Since python supports emulation of numeric types via magic
methods, it's entirely practical to ensure that quantities behave as required,
even to the extent of getting nice display. When displayed
(i.e. when repr or str is called on it), a number only
displays one more decimal place than is justified by its precision. Thus, when
it displays Hubble's constant, study.chemy.physics.Cosmos.Hubble,
as 2.3 * atto / second this package means that the data at my
disposal seem to indicate that there's at least a fifty percent likelihood that
the value lies between 1.5 aHz and 2.5 aHz (values in this
interval would all round to 2 aHz; in which a is the
abbreviation for quantifier atto = 1e-18 and Hz is the
short form for Hertz, an alternate name for 1/second) and
the next digit of my best estimate of the value is a 3, but there's
less than a fifty percent likelihood of the value falling between 2.25
aHz and 2.35 aHz.
I'm also a big fan of lazy evaluation; most of the types used in the package
support attributes which are only computed when they are first referenced. When
specifying one (or a few) of an object's attributes can suffice to determine
various others, this makes it possible for objects to know
many
attributes as soon as enough are specified. This carries the added advantage of
simplifying some cases where specifying enough of a set of attributes suffices
to determine the rest of the set, without it mattering (much) which attributes
in the set were specified. For example, specifying momentum, energy, frequency
or wavelength of a photon is sufficient to determine all of the others.

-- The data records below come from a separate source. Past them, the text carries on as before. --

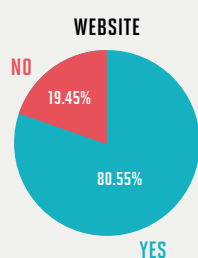

THE DOMAIN EXTENSION MARKET IN BELGIUM

Which extension do Belgians choose for their domain name?

57.80%

.BE

USE

Use of a **.be** domain name

2015 VS. 2016

	companies		private individuals		total	
only website	13.73%	13.46%	8.19%	7.93%	12.18%	11.93%
only e-mail	7.52%	6.71%	6.27%	5.62%	7.17%	6.41%
neither	12.41%	12.93%	13.41%	13.36%	12.69%	13.05%
both	66.34%	66.91%	72.13%	73.08%	67.96%	68.61%
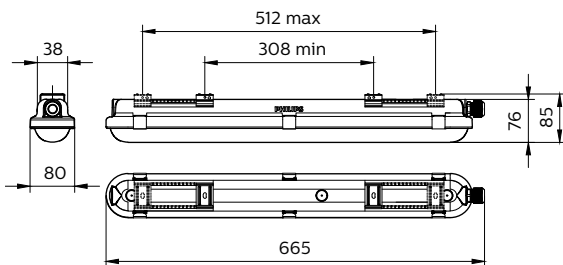

Approval and Application

Ingress protection code	IP65 [Dust penetration-protected, jet-proof]
Mech. impact protection code	IK08 [5 J vandal-protected]

Initial Performance (IEC Compliant)

Initial luminous flux (system flux)	1900 lm

Luminous flux tolerance	+/-10%
Initial LED luminaire efficacy	127 lm/W
Init. Corr. Color Temperature	4000 K
Init. Color Rendering Index	>80
Initial chromaticity	(0.38,0.38)SDCM<=3
Initial input power	15 W
Power consumption tolerance	+/-10%

Over Time Performance (IEC Compliant)

Control gear failure rate at median useful life 50000 h	5 %
Lumen maintenance at median useful life* 50000 h	L75

Application Conditions

Ambient temperature range	-20 to +40 °C
Performance ambient temperature Tq	25 °C
Maximum dim level	Not applicable
Suitable for random switching	Not applicable

Product Data

Full product code	871829184045900
Order product name	WT120C G2 LED19S/840 PSU L600
EAN/UPC - Product	8718291840459
Order code	911401823480
Numerator - Quantity Per Pack	1
Numerator - Packs per outer box	9
Material Nr. (12NC)	911401823480
Net Weight (Piece)	0.800 kg

Dimensional drawing

CoreLine Waterproof WT120C

In on-going development (not yet released), I've been expanding on the basic python infrastructure I can use to handle lazy evaluation. I've also been arranging for weak lazy attributes; that is, dealing with attributes that can be computed on demand and remembered, but which can safely be forgotten if the garbage collector wishes to do so. This is particularly relevant in my on-going re-implementation of the tuple of prime numbers: the crude version available in the presently released code makes the hideous mistake of trying to hold all of its data in memory at once, even when most of that data has been saved to disk. The objects – deployed in the (as yet unreleased) new version – load data from disk but allow the garbage collector to discard the data once no longer actively in use. The class hierarchy of the infrastructure for the new cache is currently rather complex: I should probably analyse it some more and simplify it !

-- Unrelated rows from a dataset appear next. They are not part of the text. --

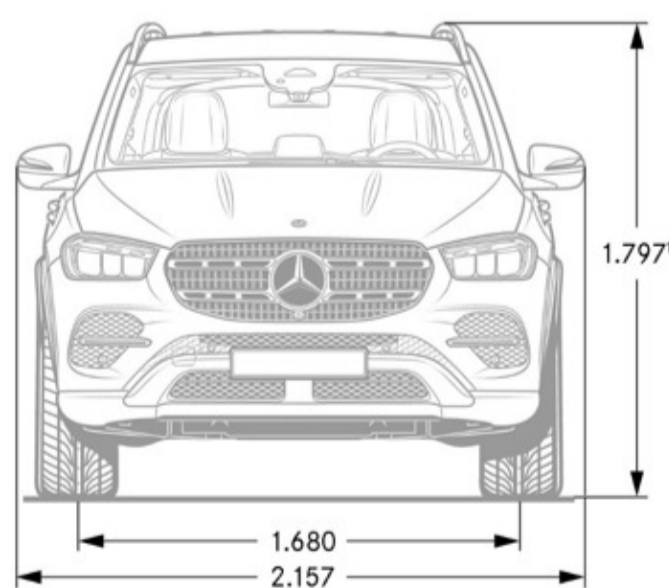

Drivetrain

Transmission	9G-TRONIC 9-Speed Automatic Transmission
Drive Configuration	All-wheel drive

Engine

Engine Configuration	3.0L inline-6 turbo engine w/ 48V Mild Hybrid System
Power (hp)	375 hp (ICE) 20 hp (ISG)
Torque (lb-ft)	369 lb-ft (ICE) 148 lb-ft (ISG)
Compression Ratio	10.5 : 1
Fuel Requirement (Octane)	91
Fuel Tank Size (gallons)	22.5
Displacement (cc)	2,999

Performance

Acceleration 0-60 (sec)	5.3
Top Speed (mph)	130
Transmission Speeds	9
Maximum Load (lbs)	TBD
Towing Capacity (lbs)	7700

Fuel Economy

City Fuel Economy	TBD
Highway Fuel Economy	TBD
Emission Certification	TBD

Exterior Dimensions

Vehicle Length (in.)	193.9
Vehicle Height (in.)	70.8
Vehicle Width w/ exterior mirrors (in.)	84.9
Wheelbase (in.)	117.9
Curb Weight (lbs)	5060
Track Width Front/Rear (in.)	66.14/67.95

Interior Dimensions

Cargo Capacity	TBA
Trunk Size	TBA

The mathematical infrastructure includes various standard functions, probability distributions and approximations. It provides classes for polynomials and permutations, an implementation of the find-unite algorithm for partitioning graphs, (an extended form of) Pascal's triangle and diverse tools used in assorted parts of this web-site.
The current version of this software is what evolved out of my messing around with wanting to represent error bars and units. I sporadically dream of doing a major re-write which resolves assorted issues I'm lumbered with by how I got to where I am; however, it may be some time before I even complete thinking through the design of that (I can fairly be accused of a bad case of the second-system effect), let alone have anything better to show for it than what I have now. In the mean time, what I've got works and I sporadically improve it; if anyone else wants to play with it, I have a bzip2-ed tar-ball available; I (as copyright holder) grant permission for anyone to download it (last update: 2010/Jul/30th) and use it for their own amusement. If you want to do anything else with it, I'd be most interested, but please get in touch with me. The principal reason why I haven't yet released it under the GPL is the thought that I really should make it redundant with a newer edition first, and publish it as a git repository, so don't be afraid to ask.

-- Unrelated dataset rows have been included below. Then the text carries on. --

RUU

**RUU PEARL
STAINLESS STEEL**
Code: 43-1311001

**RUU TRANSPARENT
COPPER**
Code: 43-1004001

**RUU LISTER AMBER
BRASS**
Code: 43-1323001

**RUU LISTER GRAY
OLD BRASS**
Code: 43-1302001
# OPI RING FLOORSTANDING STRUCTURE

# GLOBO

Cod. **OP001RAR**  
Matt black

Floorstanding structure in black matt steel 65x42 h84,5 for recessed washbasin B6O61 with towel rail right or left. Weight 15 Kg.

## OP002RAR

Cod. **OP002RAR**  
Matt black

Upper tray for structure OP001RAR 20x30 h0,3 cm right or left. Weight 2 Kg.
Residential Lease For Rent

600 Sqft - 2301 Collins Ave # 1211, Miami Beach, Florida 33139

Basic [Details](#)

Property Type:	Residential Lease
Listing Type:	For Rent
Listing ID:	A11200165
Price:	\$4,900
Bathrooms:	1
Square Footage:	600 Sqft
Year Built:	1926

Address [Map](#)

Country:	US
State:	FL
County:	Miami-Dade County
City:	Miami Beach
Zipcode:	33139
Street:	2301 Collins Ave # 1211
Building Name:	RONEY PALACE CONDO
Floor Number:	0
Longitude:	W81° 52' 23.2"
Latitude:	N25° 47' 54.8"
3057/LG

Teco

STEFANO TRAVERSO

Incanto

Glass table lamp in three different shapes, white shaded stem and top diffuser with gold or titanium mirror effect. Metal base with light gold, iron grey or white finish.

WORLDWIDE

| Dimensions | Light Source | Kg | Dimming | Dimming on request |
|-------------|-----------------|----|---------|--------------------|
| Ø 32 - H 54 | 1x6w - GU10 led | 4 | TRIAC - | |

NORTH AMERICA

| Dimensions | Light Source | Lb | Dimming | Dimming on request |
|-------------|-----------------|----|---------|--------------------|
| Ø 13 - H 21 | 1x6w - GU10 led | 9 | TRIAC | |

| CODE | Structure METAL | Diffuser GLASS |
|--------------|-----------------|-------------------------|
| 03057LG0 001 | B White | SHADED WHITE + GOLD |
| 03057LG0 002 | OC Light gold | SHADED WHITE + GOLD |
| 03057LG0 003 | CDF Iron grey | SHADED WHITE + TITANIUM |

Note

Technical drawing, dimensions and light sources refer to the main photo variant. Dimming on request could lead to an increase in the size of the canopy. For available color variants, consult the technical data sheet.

For documentation, print the __doc__ attributes of relevant
objects (or just read doc-strings in the source). Unpack
the tar-ball (everything it contains is in a directory
called study) as a sub-directory of some directory in
your $PYTHONPATH (or simply in sys.path) using the
command tar xjf study.tjz and, in a python
session, import study or assorted sub-objects of it. The package
gives an over-view of the sub-packages it contains, each sub-package explains
what it contains. I make extensive use of hierarchical name-spaces, each step
of which indicates what it makes available.
Note that:
dir built-in doesn't always list all the
attributes actually available (and .__dict__.keys() is even less
complete), but each method with a name of
form _lazy_get_name_ contributes an attribute with the
given name. (Yes, I'm aware that recent versions of python
support property, which lets me define a nicer way to do lazy
attributes. I use this increasingly and intend to ultimately replace all the
old lazy-infrastructure, but it's not a high priority …) import of any major component
of study.value is apt to take quite a long time; don't worry, it's
just got a lot to set up ! study.maths.primes may lead to a cache directory being
created; otherwise, I can't think of anything this package attempts to modify on
your hard disk – however, 
Written by Eddy.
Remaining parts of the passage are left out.